Polemik Lambang Garuda Ibu Kota Baru, Politisi PPP: Jangan Hanya di Istana Negara Saja

Arsul Sani

POJOKSATU.id, JAKARTA— Anggota Komisi III DPR RI Arsul Sani mengomentari polemik desain lambang Garuda di Istana Negara di Ibu Kota Negara (IKN) baru di Kalimantan Timur.

Di mana, lambang tersebut menggambarkan burung Garuda yang juga merupakan simbol negara Indonesia.

Menurut Arsul bahwa lambang tersebut merupakan perbedaan antara Ibukota sebelumnya yaitu Ibukota Jakarta dengan Kaltim.

“Ini bagus.
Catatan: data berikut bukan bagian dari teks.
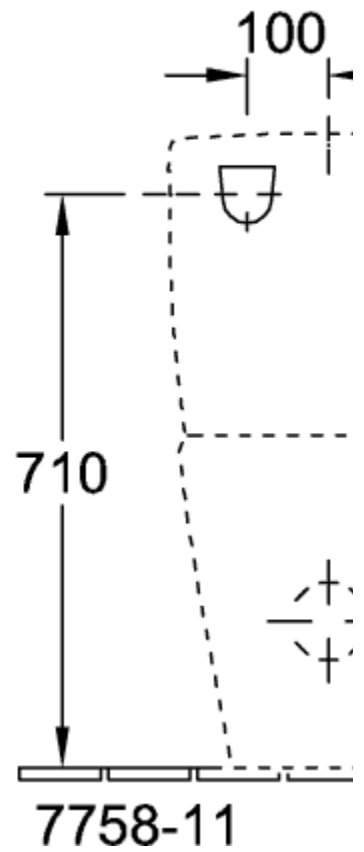

### PRODUKTINFORMATION

Artikeltitel	Villeroy & Boch Avento Tiefspül-WC spülrandlos für Kombination, bodenstehend, Weiß Alpin
Artikelnummer	5644R001
Montage / Montagetyp	Bodenstehend
Lieferumfang	1 x Tiefspül-WC spülrandlos , 1 x Befestigungssatz
Tiefe in mm	640
Breite in mm	370
Höhe in mm	410
Kollektion	Avento
Geeignet für	Aufsatz-Spülkasten
Innovative Spültechnologie (mit TwistFlush)	Nein
Innovative Spültechnologie (mit TwistFlush[e <sup>3</sup> ])	Nein
Spülvolumen l	3 / 6 l
Wandhängend - Bodenstehend	bodenstehend
Material	Sanitärkeramik
Oberfläche	glänzend
Farbbezeichnung der Farbe	Weiß Alpin
Form	Oval
Farbbezeichnung	Weiß Alpin
Antibakterielle Oberfläche (mit AntiBac)	Nein
Leichte Oberflächenreinigung (mit CeramicPlus)	Nein
Spülrandlos (mit DirectFlush)	Ja
Spülungstyp	Tiefspüler
Integrierte Frischelösung (mit ViFresh)	Nein
Abgang / Ablauf	Abgang waagrecht

TECHNISCHE ZEICHNUNGEN

5644R001

5644R001

5644R001

\*  8701 00 = 160 - 23

\*  8711 00 = 70 - 19

**5644R001**

Tetapi saya yakin itu salah satu cara untuk memberikan insting difecen (perbedaan) dengan Ibukota di Jakarta,” kata Arsul di Kompleks Senayan, Jakarta, Senin (5/4/2021).


Kendati demikian, Politisi Partai PPP itu meminta, lambang Garuda itu tidak hanya di buat untuk Istana Negara di Kaltim.
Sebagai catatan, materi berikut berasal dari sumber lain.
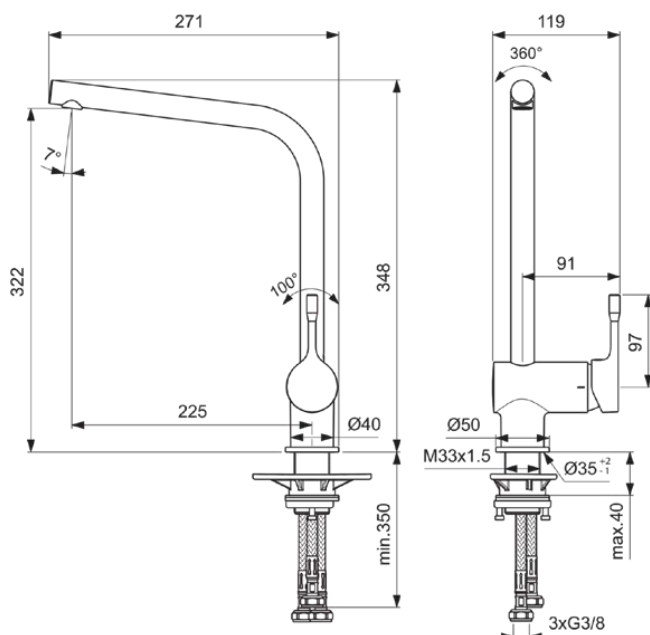

CERALOOK

BC175AA

CERALOOK | Küchenarmatur 119x271x348 mm, 225 mm vertikaler Abstand bis Mitte Auslauf in chrom, 6 l/min (3 bar) | EasyFix, Click-Technologie, EPD, FirmaFlow, SmartShine Oberfläche

Bild & Zeichnung

Allgemeine Informationen

Produktkategorie:	Küchenarmaturen
Produktart:	Küchenarmatur
Marke:	Ideal Standard
Kollektion:	CERALOOK
Designer:	Ideal Standard
Colour:	AA - Chrom
Oberflächenveredelung:	glänzend
Maximale Höhe (mm):	348
Maximale Breite (mm):	119
Ausladung (mm):	271
Befestigungsart:	EasyFix
Nettogewicht (kg):	1.38
EAN Code:	3800861068631

CERALOOK

BC175AA

CERALOOK | Küchenarmatur 119x271x348 mm, 225 mm vertikaler Abstand bis Mitte Auslauf in chrom, 6 l/min (3 bar) | EasyFix, Click-Technologie, EPD, FirmaFlow, SmartShine Oberfläche

Produktspezifikationen

Akan tetapi, lanjut Asrul, semua gedung pemerintah. Khususnya, Gedung Parlemen dibuat lambang Garuda tersebut karena mencerminkan simbol kebangsaan.

“Saya berharap itu tidak hanya Istana saja, tetapi nanti semua gedung pemerintahan juga. Parlemen di sana itu juga mencerminkan simbol kebangsaan,” jelasnya.

Akan tetapi, Asrul enggan berkomentar lebih jauh lagi saat ditanyakan apakah pembahasan Ibukota baru efektif di tengah ekonomi masyarakat lagi gonjang ganjing karena dampak pandemi Covid-19.

Sebelumnya, Presiden Joko Widodo atau Jokowi memuji desain istana negara di ibu kota baru. Desain Istana Negara ini berlambang burung garuda karya seniman I Nyoman Nuarta.

Sementara itu, Presiden Joko Widodo (Jokowi) memuji desain istana negara di Ibu Kota baru. Ia menyebutkan Desain Istana Negara ini berlambang burung garuda karya seniman I Nyoman Nuarta.

“Usulan beliau sarat dengan filosofi lambang Burung Garuda sebagai pemersatu bangsa sesuai semboyan Bhinneka Tunggal Ika,” ujar Jokowi memuji desain Nyoman dikutip dari akun Instagram-nya @jokowi, Sabtu, 3 April 2021.

Kendati demikian, kata orang nomor satu di Indonesia itu, usul dari Nyoman baru sebatas pradesain.

Desain dari Nyoman ini ditampung sebagai salah satu usul yang masuk saat Kementerian PUPR mengundang beberapa arsitek dan seniman.

“Usulan ini, sekali lagi, masih pada tahap pradesain,” ucap Jokowi.

“Karena itu, saya sangat mengharapkan masukan dari bapak, ibu, dan saudara-saudara semua tentang pradesain Istana Negara ini,” lanjut Jokowi.

Presiden menyebut, ia menginginkan Istana Negara tidak hanya dikenang sebagai tempat Presiden bekerja atau menjadi simbol kebanggaan bangsa, tapi juga mencerminkan kemajuan bangsa.

“Dengan masukan-masukan itu nantinya, saya akan mengundang kembali para arsitek dan para ahli lainnya untuk melakukan pengkayaan pradesain menjadi basic desain Istana Negara,” terangnya.